**TO DO**
Please write out all of the data below exactly, without including the pictures.

[Items listed in a dataset]
----

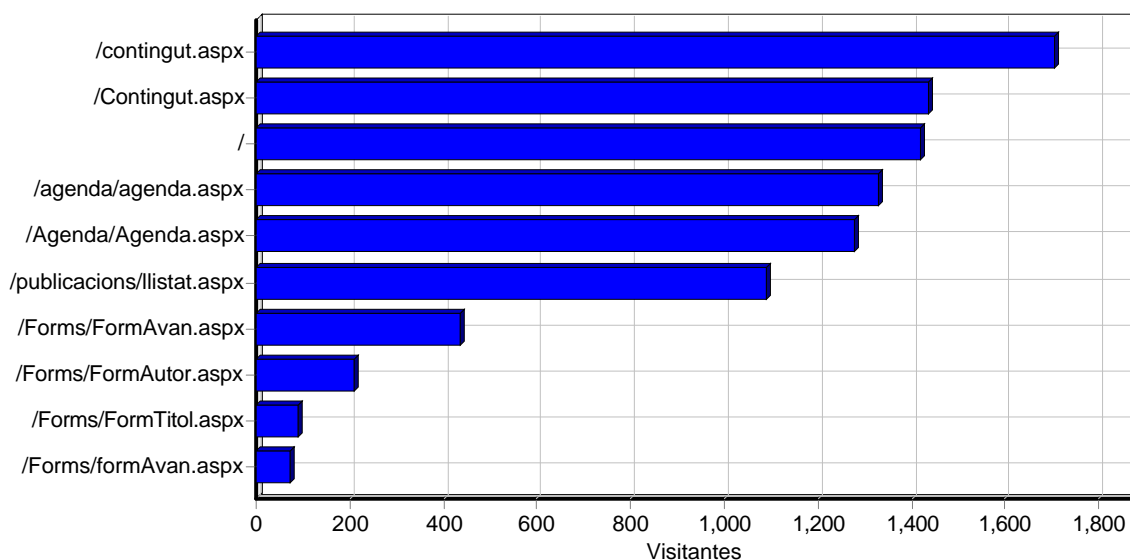

Por semana

Actividad por semana

Actividad por semana

Semana	Accesos	Páginas vistas	Visitantes	Ancho de banda (KB)
28/02/2016 - 05/03/2016	154,027	14,478	891	0
06/03/2016 - 12/03/2016	146,055	28,159	1,326	0

13/03/2016 - 19/03/2016	118,297	20,689	1,191	0
20/03/2016 - 26/03/2016	129,150	11,150	991	0
27/03/2016 - 02/04/2016	114,376	13,251	721	0
Total	661,905	87,727	5,120	0

Por mes

Actividad por mes

Actividad por mes

Mes	Accesos	Páginas vistas	Visitantes	Ancho de banda (KB)
Mar 2016	661,905	87,727	5,120	0
Total	661,905	87,727	5,120	0

Estadísticas de acceso

Páginas

Acceso diario a la página

Páginas más populares

Páginas más populares

	Página	Accesos	Solicitudes incompletas	Visitantes	Ancho de banda (KB)
1	http://www.bibliomenorca.net/contingut.aspx	39,088	0	1,706	0
2	http://www.bibliomenorca.net/Contingut.aspx	10,793	0	1,436	0
3	http://www.bibliomenorca.net/	2,528	0	1,420	0
4	http://www.bibliomenorca.net/agenda/agenda.aspx	18,055	0	1,328	0
5	http://www.bibliomenorca.net/Agenda/Agenda.aspx	10,581	0	1,277	0
6	http://www.bibliomenorca.net/publicacions/llicitat.aspx	2,967	0	1,088	0
7	http://www.bibliomenorca.net/Forms/FormAvan.aspx	1,250	0	434	0
8	http://www.bibliomenorca.net/Forms/FormAutor.aspx	410	0	208	0
9	http://www.bibliomenorca.net/Forms/FormTitol.aspx	306	0	90	0
10	http://www.bibliomenorca.net/Forms/formAvan.aspx	170	0	72	0
11	http://www.bibliomenorca.net/ImgGaleria/Galeria.aspx	114	0	63	0
12	http://www.bibliomenorca.net/ImgGaleria/img.aspx	116	0	41	0
13	http://www.bibliomenorca.net/publicacions/buscar.aspx	80	0	39	0

----

**YOUR SOLUTION**
Por semana

Actividad por semana

Actividad por semana

Semana	Accesos	Páginas vistas	Visitantes	Ancho de banda (KB)
28/02/2016 - 05/03/2016	154,027	14,478	891	0
06/03/2016 - 12/03/2016	146,055	28,159	1,326	0

13/03/2016 - 19/03/2016	118,297	20,689	1,191	0
20/03/2016 - 26/03/2016	129,150	11,150	991	0
27/03/2016 - 02/04/2016	114,376	13,251	721	0
Total	661,905	87,727	5,120	0

Por mes

Actividad por mes

Actividad por mes

Mes	Accesos	Páginas vistas	Visitantes	Ancho de banda (KB)
Mar 2016	661,905	87,727	5,120	0
Total	661,905	87,727	5,120	0

Estadísticas de acceso

Páginas

Acceso diario a la página

Páginas más populares

Páginas más populares

	Página	Accesos	Solicitudes incompletas	Visitantes	Ancho de banda (KB)
1	http://www.bibliomenorca.net/contingut.aspx	39,088	0	1,706	0
2	http://www.bibliomenorca.net/Contingut.aspx	10,793	0	1,436	0
3	http://www.bibliomenorca.net/	2,528	0	1,420	0
4	http://www.bibliomenorca.net/agenda/agenda.aspx	18,055	0	1,328	0
5	http://www.bibliomenorca.net/Agenda/Agenda.aspx	10,581	0	1,277	0
6	http://www.bibliomenorca.net/publicacions/llicitat.aspx	2,967	0	1,088	0
7	http://www.bibliomenorca.net/Forms/FormAvan.aspx	1,250	0	434	0
8	http://www.bibliomenorca.net/Forms/FormAutor.aspx	410	0	208	0
9	http://www.bibliomenorca.net/Forms/FormTitol.aspx	306	0	90	0
10	http://www.bibliomenorca.net/Forms/formAvan.aspx	170	0	72	0
11	http://www.bibliomenorca.net/ImgGaleria/Galeria.aspx	114	0	63	0
12	http://www.bibliomenorca.net/ImgGaleria/img.aspx	116	0	41	0
13	http://www.bibliomenorca.net/publicacions/buscar.aspx	80	0	39	0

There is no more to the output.